Comme M. de Tergall posait la question : « Vous êtes voyageur de commerce, sans doute ? » Fantômas crut voir qu’une certaine curiosité, une curiosité amusée, presque un sourire, passait sur le visage du conducteur. Fantômas sentit une sueur froide lui perler aux tempes. Que devait-il répondre ? La question qui lui était adressée ne permettait plus une phrase de doute, une phrase vague. Qui était-il ? Il fallait le dire.
Or, non seulement Fantômas ne savait quoi répondre, mais encore il réfléchissait qu’il devait répondre sans hésitation, avec exactitude, car si lui ignorait le personnage qu’il était, le voiturier, en revanche, semblait parfaitement le savoir.
Terrible minute, pour le bandit. Fantômas eut nettement conscience que son imposture allait éclater.

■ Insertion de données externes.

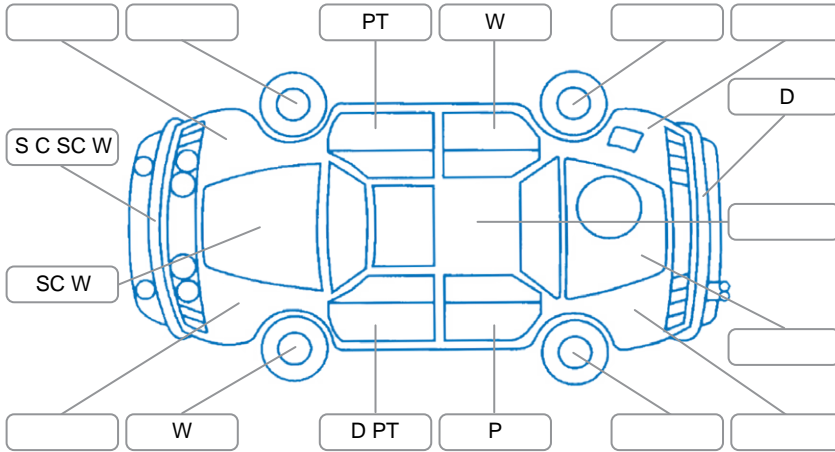

Report ID:	28,145,195	Version:	1
Created:	28 Apr 2026		

Make:	Nissan	Model:	Micra
Body Style:	Hatchback	Year:	2009
Rego No.:	FEU731	Rego Expiry:	19 Jul 2026
WoF Expiry:	14 Aug 2026	Odometer:	172,727 Kms
Good No.:	28145195	VIN:	JN1FBAK12A0516485
Next Service:	148000	Service History:	No

**Key**

S = Scratch    R = Rust    C = Crack    \* = Decals    W = Significant scuffs  
 D = Dent    PT = Paint defect    P = Pin dent    SC = Stone Chips

Note: some defects and blemishes may not be displayed in the diagram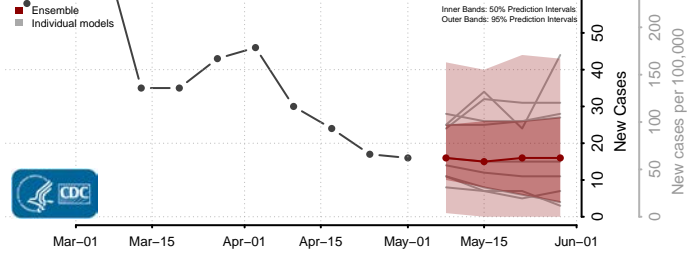

Perry County, Kentucky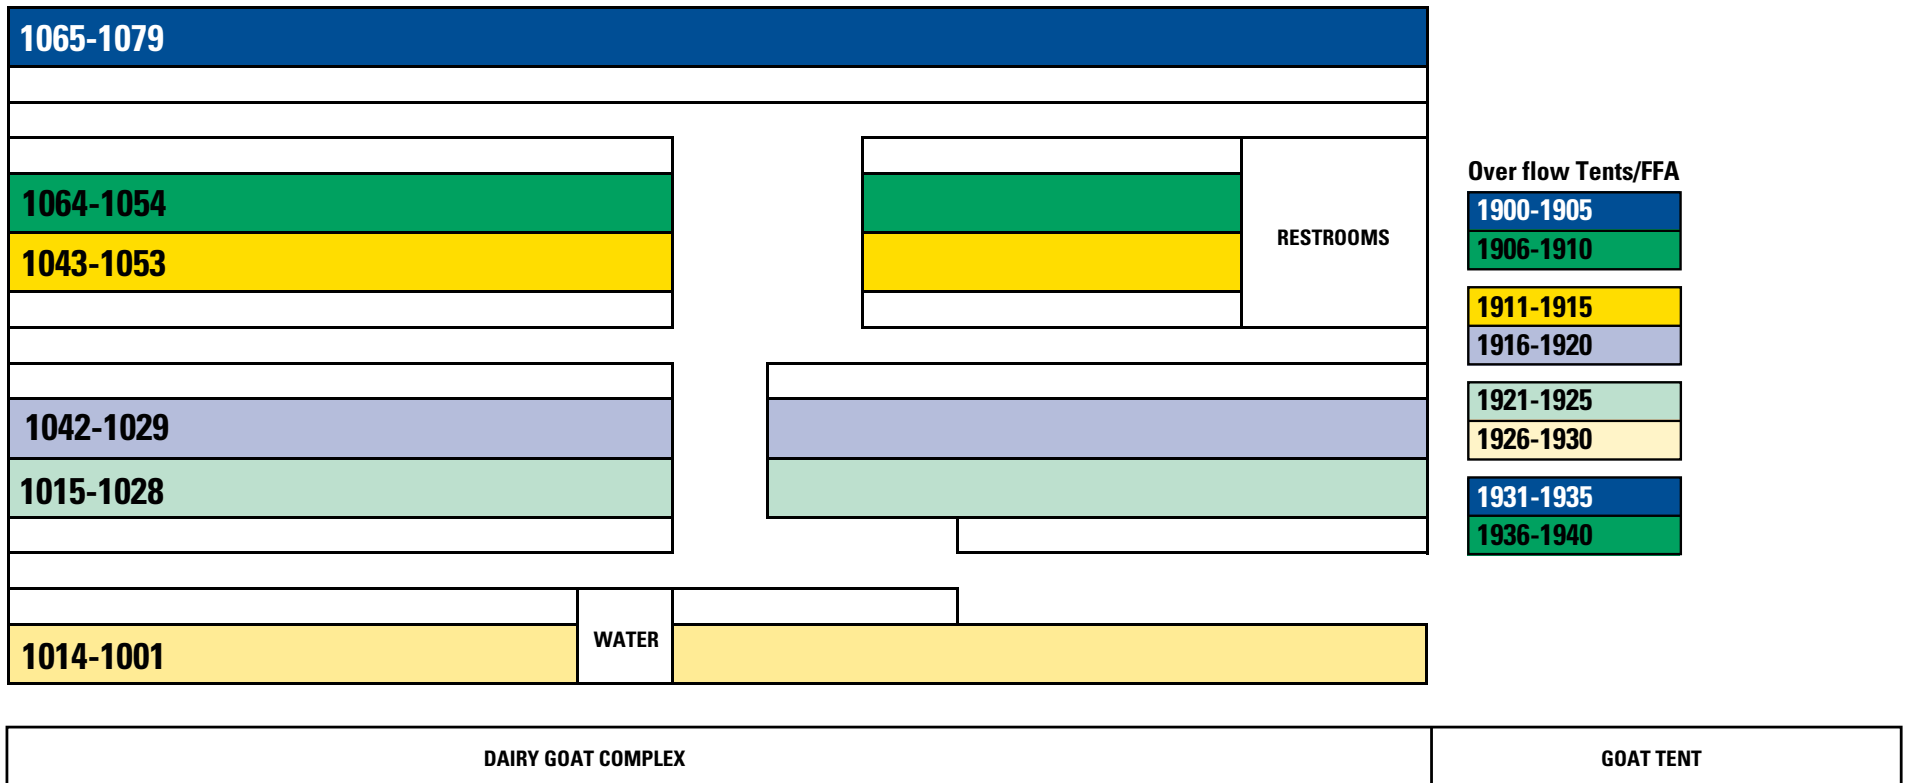

# 2019 South Dakota State Fair 4-H Division Sheep & Goat – Dairy Goat Complex

Over flow Tents/FFA

- 1900-1905**
- 1906-1910**
- 1911-1915**
- 1916-1920**
- 1921-1925**
- 1926-1930**
- 1931-1935**
- 1936-1940**

# 2019 South Dakota State Fair 4-H Division Sheep & Goat – Dairy Goat Complex

County	Family Name	Stall Number	Division
Spink	Haven	1001	Meat Goats
Spink	Dirksen	1002	Meat Goats
Spink	Esser	1003	Meat Goats
Spink	Fink/Masat	1004	Meat Goats
Clark/Spink	Tack	1005	Meat Goats
Potter	Jager	1006	Meat Goats
Potter	Rausch/Tack	1007	Meat Goats
Gregory	Weller	1008	Dairy Goats
Deuel	Hawley	1009	Dairy Goats
Brookings	Thompson	1010	Dairy Goats
Brookings	Skordahl/Tack	1011	Dairy Goats
Beadle	Eden	1012	Dairy Goats
Spink	Englund/Tack	1013	Dairy Goats
Spink	Hamilton/Knox	1014	Dairy Goats
Kingsbury	Davies	1015	Dairy Goats
Kingsbury	Johnson	1016	Dairy Goats
Brown	Smith	1017	Dairy Goats
Brown	Luce	1018	Dairy Goats
Brown	Fogarty	1019	Dairy Goats
Brown	Zoellner/Tack	1020	Dairy Goats
Hughes/Stanley	Hoffman	1021	Dairy Goats
Davison	Tack	1022	Meat Goats
Davison	Ford/Tlam	1023	Meat Goats
Clark	Vig/James	1024	Meat Goats
Clark	Gerhke/Mehlberg	1025	Meat Goats
Clark	Hovde/Hovde	1026	Meat Goats
Clark	Reidburn/Sass	1027	Meat Goats
Clark	McGraw	1028	Meat Goats
Beadle	Thelen	1029	Meat Goats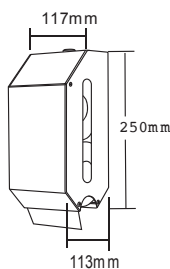

AE-12042

TOILET TISSUE DISPENSER

With key and lock
Vol.: 2 toilet tissue roll
Material: #304 Stainless Steel Satin
Size: W117x H250x D113 mm
Packing: 15 pcs/ctn, 3.4 cuft

Soudain, l’idée d’une ruse lui monta à l’esprit :
– Ma carte vous renseignera, monsieur.
Fantômas déboutonna son pardessus, fouilla d’une main fébrile dans la poche de son veston.
– Sacrédié, songeait en cet instant le Roi du Crime, le Maître de l’Épouvante, que le cric me croque, l’homme que j’ai assassiné devait bien posséder un portefeuille. Crénom de nom de d’la, vivement ma carte de visite.
Effectivement, il y avait dans la poche de son veston un portefeuille de cuir noir, et dans une pochette du portefeuille de cuir noir, des cartes de visite. Fantômas en prit une, il allait la lire, mais déjà M. de Tergall avançait la main.
Fantômas donna le bristol sans avoir eu le temps de se renseigner lui-même. Or, à peine le marquis de Tergall eut-il saisi le carton gravé qu’une exclamation s’échappa de ses lèvres.
– Quoi ? faisait-il, vous êtes M. Pradier ? M. Pradier, le nouveau juge d’instruction ? le successeur de M. Morel ? Vous êtes M. Pradier ? M. Charles Pradier ?
Que put répondre le bandit, sinon :
– Mais oui, monsieur. Mais oui, je suis en effet M. Pradier, Charles Pradier, le nouveau juge d’instruction.